Simplifying a Radical Expression in Three Ways

Love the commentary ride that accompanies the solution being worked out...I did this in about 15...de-rusting my brain with your truly fantabulous videos! Rock on...

res

I solved it using two other methods.

First method: Multiply numerator and denominator by ✓(x+✓x) - ✓(x-✓x). The numerator collapses to 2✓x and the denominator to ✓(2x).

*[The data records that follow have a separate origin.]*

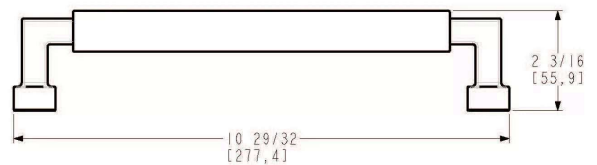

2581 10" DOOR PULL

SPECIFICATIONS

STYLE	Contemporary
CENTER TO CENTER	10
PROJECTION	2.1875

2581 10" DOOR PULL

ESTATE PORTFOLIO

Model Number:
2581.260

Key Features

- ✓ 10" CTC
- ✓ Create your own unique piece by combining door pulls and push plates
- ✓ Experience the timeless allure of Polished Chrome, meticulously plated to achieve a mirror-smooth finish that adds an authentic touch to modern designs, enhancing their visual appeal.

STYLE	Contemporary
CENTERS TO CENTER	10"
PROJECTION	2.1875"

2581 10" DOOR PULL

Satin Black & Satin Nickel - M06

Satin Brass & Black - 050

Satin Brass & Satin Black - M03

Satin Nickel & Polished Nickel - M09

Satin Nickel & Satin Black - M05

all measurements in inches

SPECIFICATIONS

STYLE	Contemporary
CENTER TO CENTER	10
PROJECTION	2.1875
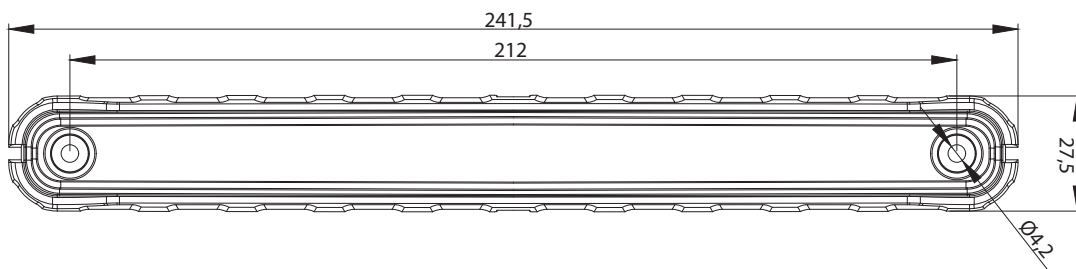

FT-092 LED

CLEARANCE lamp

LAMP FUNCTIONS:

Depending on the light color:

- front clearance light
- rear clearance light
- side clearance light

• Vertical / horizontal approval

Power consumption:

12V/24V = 0,09A/0,09A

Power consumption / Rated power:

12V/24V = 1,1W/2,2W

FT-092 B LED	Clearance Lamp LED 12-36V, white, cable 0,15m.
FT-092 Z LED	Clearance Lamp LED 12-36V, yellow, cable 0,15m.
FT-092 C LED	Clearance Lamp LED 12-36V, red, cable 0,15m.
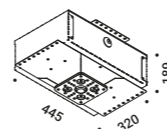

Masonry Box / Cassaforma per laterizio				Not included
Standard		NULLA 25	1A2380000.00.00
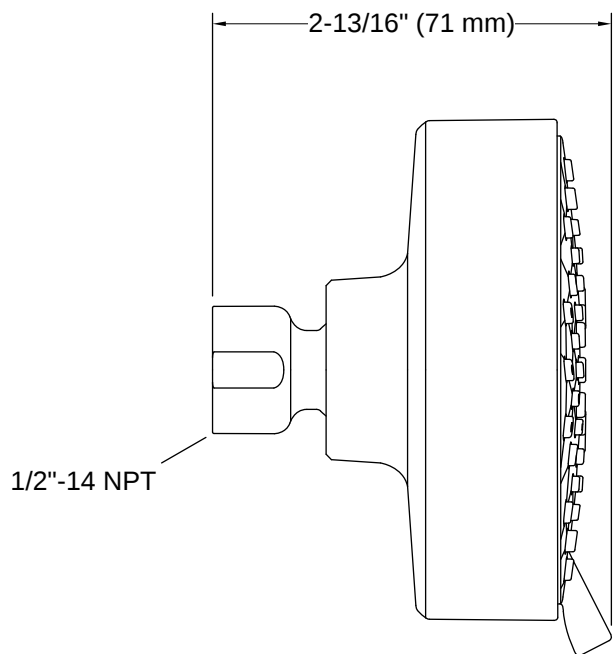

Installation

- Wall-mount

Installation Notes

Install this product according to the installation instructions.
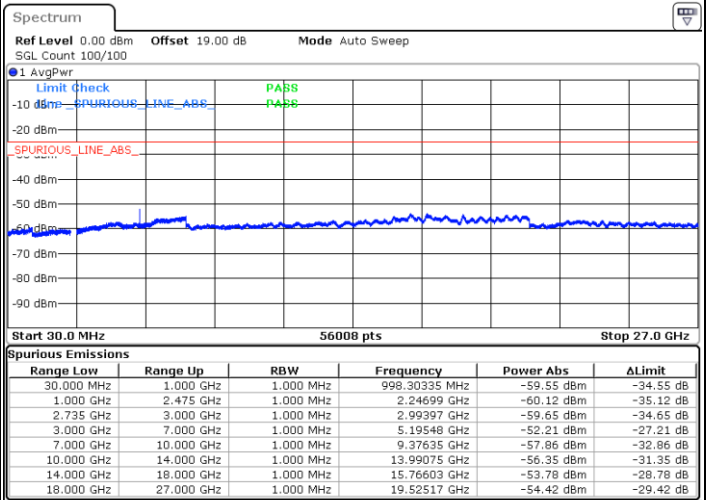

Date: 9.OCT.2021 17:21:12

LTE Band 41C / 20MHz+5MHz

64QAM

Highest Channel / 1RB0 and 1RB24

Highest Channel / 1RB99 and 1RB0

Date: 9.OCT.2021 18:12:46

Date: 9.OCT.2021 18:11:36

Highest Channel / FullIRB

N/A

Date: 9.OCT.2021 18:20:18

LTE Band 41C / 20MHz+10MHz

64QAM

Lowest Channel / 1RB0 and 1RB49

Lowest Channel / 1RB99 and 1RB0

Date: 10.OCT.2021 00:45:42

Date: 10.OCT.2021 00:39:56

Lowest Channel / FullIRB

N/A

Date: 10.OCT.2021 00:46:52

LTE Band 41C / 20MHz+10MHz

64QAM

Middle Channel / 1RB0 and 1RB49

Middle Channel / 1RB99 and 1RB0

Date: 10.OCT.2021 00:56:45

Date: 10.OCT.2021 01:02:31

Middle Channel / FullRB

N/A

Date: 10.OCT.2021 00:55:36

LTE Band 41C / 20MHz+10MHz

64QAM

Highest Channel / 1RB0 and 1RB49

Highest Channel / 1RB99 and 1RB0
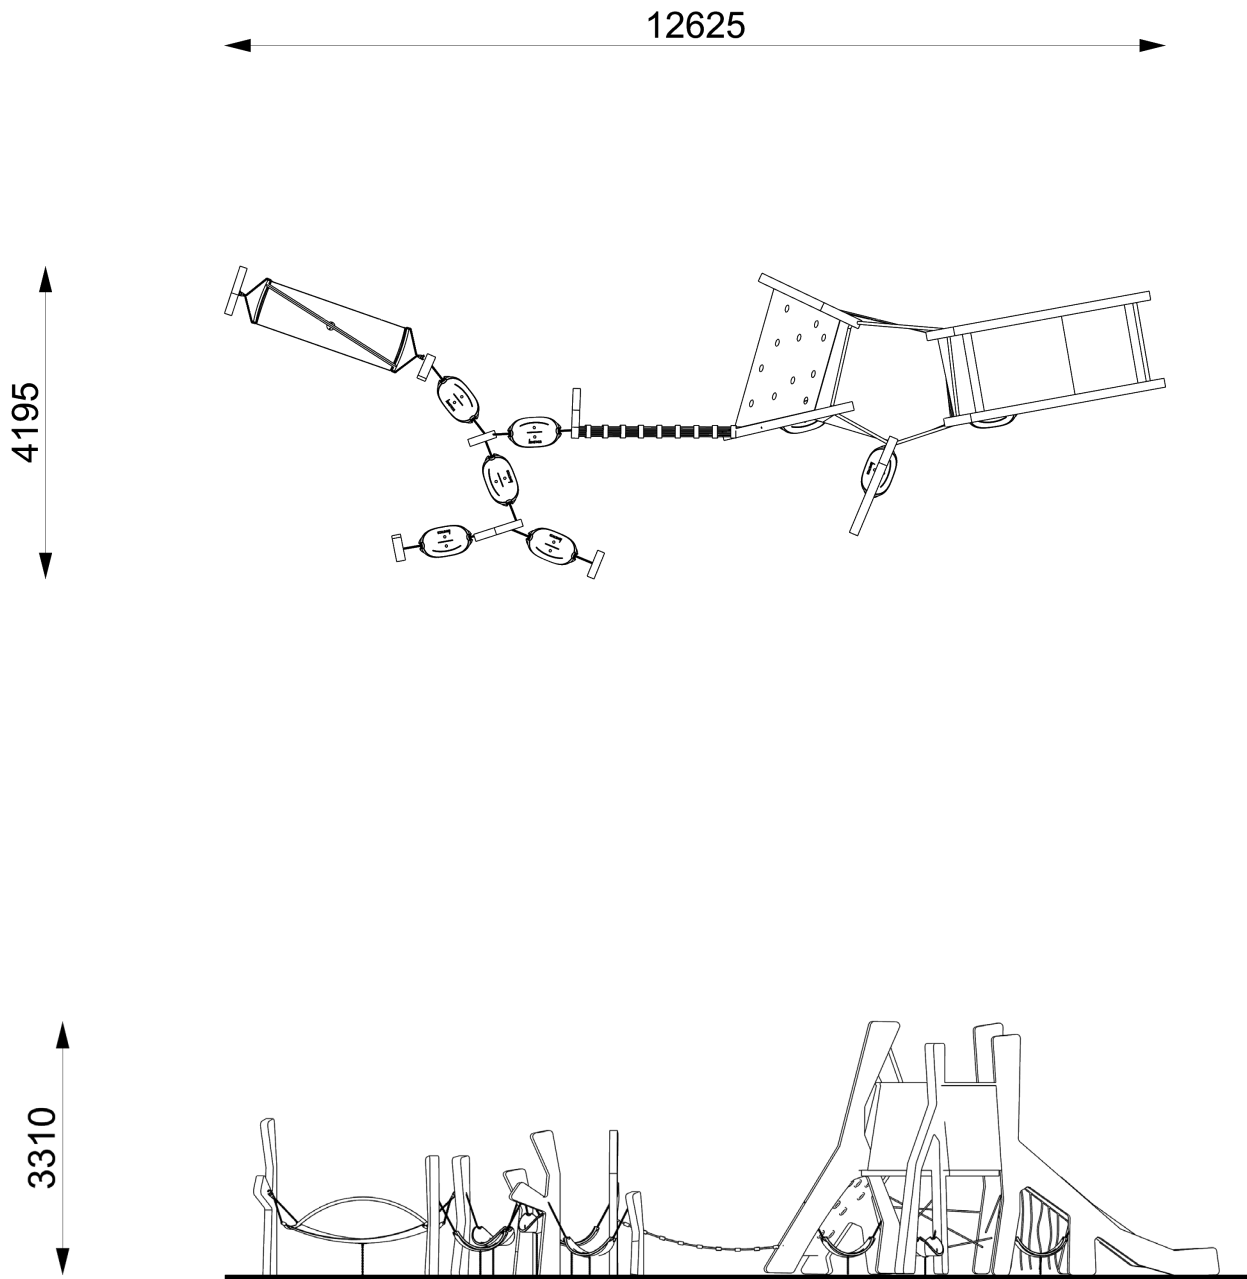

As part of our commitment to continuous product improvement, Copyright © Kinetics Play Sdn Bhd reserves the right to modify product specifications without prior notice. All drawings and visuals are property of Kinetics Play Sdn Bhd or used under license and may not be reproduced without written consent.

KINETICS PLAY SDN. BHD. (1223254-U)

Lot 2-44 Jalan SU7, Lion Industrial Park, Persiaran Tengku Ampuan, 40300 Shah Alam, Selangor, Malaysia.
Tel: +603-5888 9104   Email: info@kineticsplay.com   Web: www.kineticsplay.com
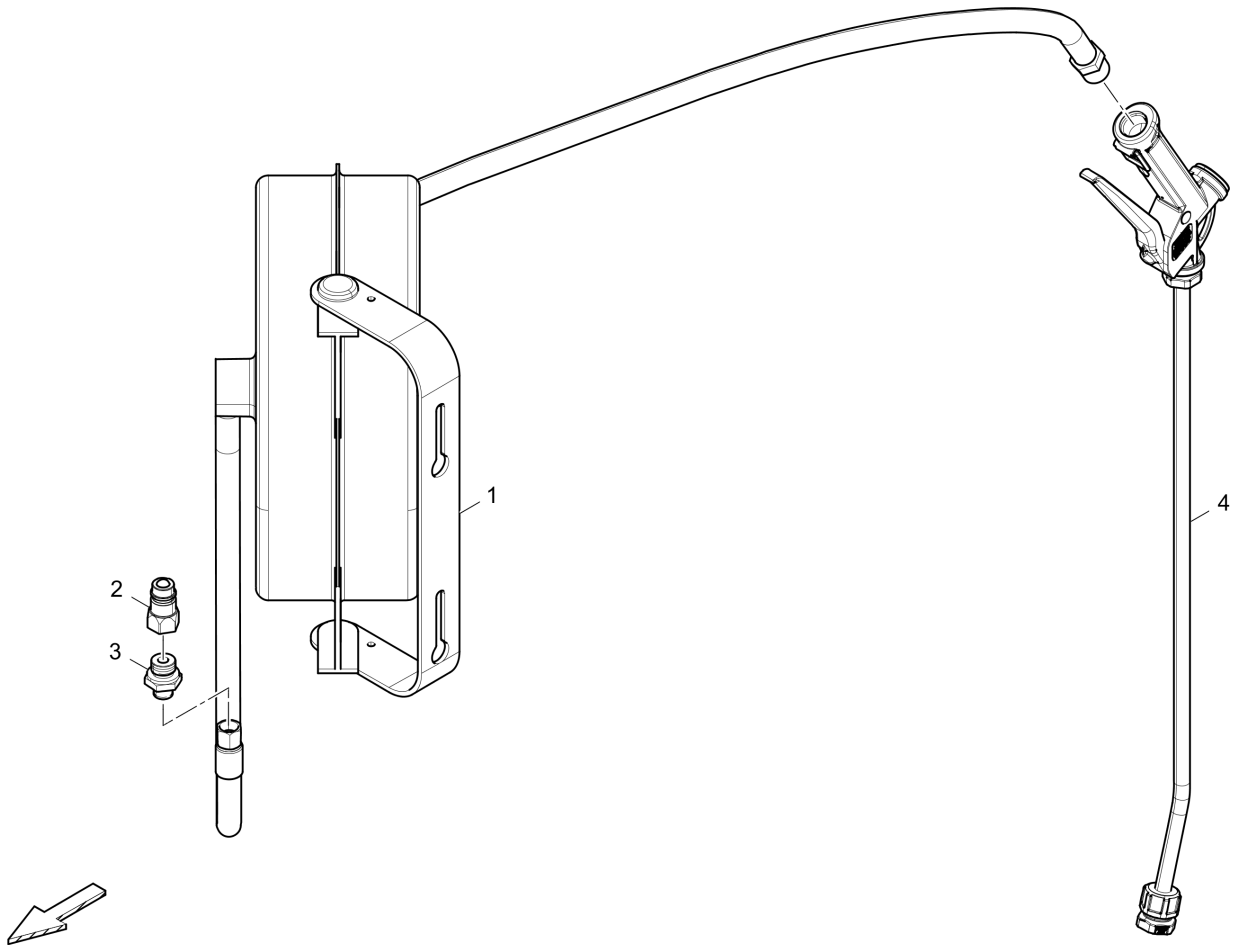

Hose reel 4812217480 Hose reel

Item	Part No.	Name	Qty	L	C	SN INFO
1	4812072845	Hose reel	1			
2	D933539226	Coupling plug	1			
3	D961934201	Male connector	1			
4	4812217384	Spray arm	1
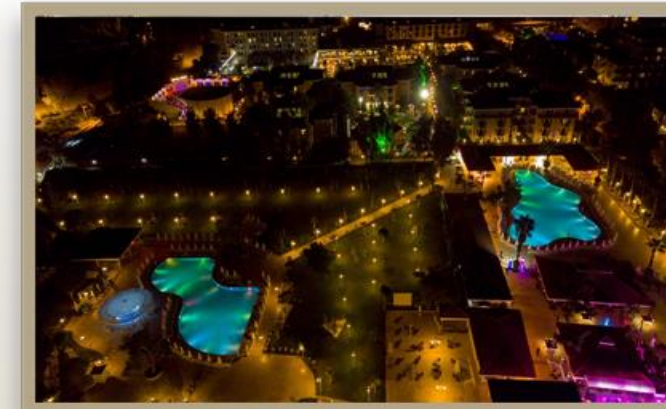

LOCATION

Opening date	1996	Last renovation	2019
Category	5*	Total area	48.000 m²
Concept	Ultra All Inclusive / UAI (26.04.2020 – 10.11.2020)	Airport distance	70 km
Address	Tekirova Mh. Tekirova Cd. No:17 07995 Tekirova-Kemer-Antalya	Kemer Centre distance	15 km
Phone	+90 242 813 66 00	Transport	Bus / Taxi / Hotel Transfer Service
Fax	+90 242 821 47 92	Beach / Location	right on the coast, beach usage area: 300 m
E-Mail	info@phaselisrose.com	Internet	Wi-Fi Standard – free of charge

The hotel resort is located on a wide area on the seafront and offers mountain and sea views. It consists of two main buildings, 7 blocks in the garden and 559 rooms in total. The hotel facilities include lobby, reception, indoor and outdoor terrace restaurant, 4 A'La Carte Restaurants (Turkish, Fish, Italian), Tokoyaki Sushi A La Carte (Extra Charged) Bars (Lobby Bar, Pool Bar, Night Bar, Mi Casa Bar, Rose Bar, Beach Bar Disco Bar, patisserie, Cafe Melange, Rosy Kids Club, one tennis court, one basketball and mini football field, two outdoor and one indoor swimming pools, one indoor and two outdoor pools for kids, Aqua Park, sun loungers, umbrellas, mattresses and beach towels, Wireless Internet, safe boxes and minibars in the rooms, fitness centre, Turkish bath , sauna (free of charge). There is also open-air Jacuzzi, massage, water sports, bowling and billiard room, shopping centre, photographer, rent-a-car service, hairdressing salon (extra charged) and 7 convention halls. Our hotel also offers laundry, ironing and dry cleaning services (extra charged), currency exchange, free safe boxes in the rooms, baby stroller rental, baby-sitting and health services.

Second method: Define a = ✓(x+✓x) and b = ✓(x-✓x). Then note that x = (a^2+b^2)/2. Also note that ✓(x^2-x) = ✓((x+✓x)(x-✓x)) = ab. The numerator becomes a+b and the denominator simplifies to ✓((a+b)^2/2), so the whole thing again simplifies to ✓2.

TedHopp

Answer is √2 which is approximately equal to 1.414 nice problem.I used the 2nd method

noone-keol

You can differentiate the expression to show that the derivative is zero before going into method 3, this way you have analytic proof it's going to be a constant

OdedSpectralDrori

To start with, x >= 0, and furthermore, x – sqrt(x) >= 0, which implies x – sqrt(x) = sqrt(x)^2 – sqrt(x) = sqrt(x)·[sqrt(x) – 1] >= 0, which implies sqrt(x) – 1 >= 0, which implies sqrt(x) >= 1, which implies x >= 1. Also, x^2 – x >= 0, which implies x·(x – 1) >= 0, which implies x >= 1 anyway. Overall, x >= 1. With this caveat in mind, notice that x + sqrt(x) and x – sqrt(x) are conjugate expressions, with [x + sqrt(x)]·[x – sqrt(x)] = x^2 – x. Therefore, sqrt[x + sqrt(x)]·sqrt[x – sqrt(x)] = sqrt(x^2 – x). Also, [x + sqrt(x)] + [x – sqrt(x)] = 2·x. Therefore, sqrt[x + sqrt(x^2 – x)] = sqrt{(sqrt[x + sqrt(x)]^2 + sqrt[x – sqrt(x)]^2)/2 + sqrt[x + sqrt(x)]·sqrt[x – sqrt(x)]} = sqrt[(sqrt[x + sqrt(x)] + sqrt[x – sqrt(x)])^2/2] = sqrt[(sqrt[x + sqrt(x)] + sqrt[x – sqrt(x)])^2]/sqrt(2) = (sqrt[x + sqrt(x)] + sqrt[x – sqrt(x)])/sqrt(2). Therefore, (sqrt[x + sqrt(x)] + sqrt[x – sqrt(x)])/sqrt[x + sqrt(x^2 – x)] = (sqrt[x + sqrt(x)] + sqrt[x – sqrt(x)])/[(sqrt[x + sqrt(x)] + sqrt[x – sqrt(x)])/sqrt(2)] = sqrt(2).

angelmendez-rivera

Super, super misto!!! Excellent exercise! Next?!

sberacatalin

Found a neat example based on and inspired by one of your other videos…the second expression is contained in the first which is
2 rt(2+rt(16+8 rt(3)))
Second is
Rt(16+8 rt(3))
Both simplify to
2 + 2 rt(3)
!

lightfantastic

Beware that there are constraints to the value of x. Once you take the denominator and all the radicals into account, x>=1.

robertlunderwood

I think this question have 2 answers. When X not equat to 0, this equation equals to Sqrt(2).
When x = 0, this equation comes to be 0/0, and I think 0/0 equals to 1.

AllanPoeLover

the first method is brilliant i liked it i went on to rationalise 3-4 times to get the answer

siddharthabhattacharya

As soon as I saw this problem I did method in my head. Guess I'm learning from you. Thanks

noahvale

There's is absolutely no difference between 1st and 2nd method. Third method you have proove for x=1, what if x gt 1.

vcvartak

hii sir, how r u, root 2 is the answer, both the methods are explained in a great manner by you, nice !

imranakhtar

What app/software do you use for writing notes?

maryamhosseini

I just squared the whole thing..and got positive and negative square root of 2.

leif

Problem seems to find right substitution... (s or A this case)

jarikosonen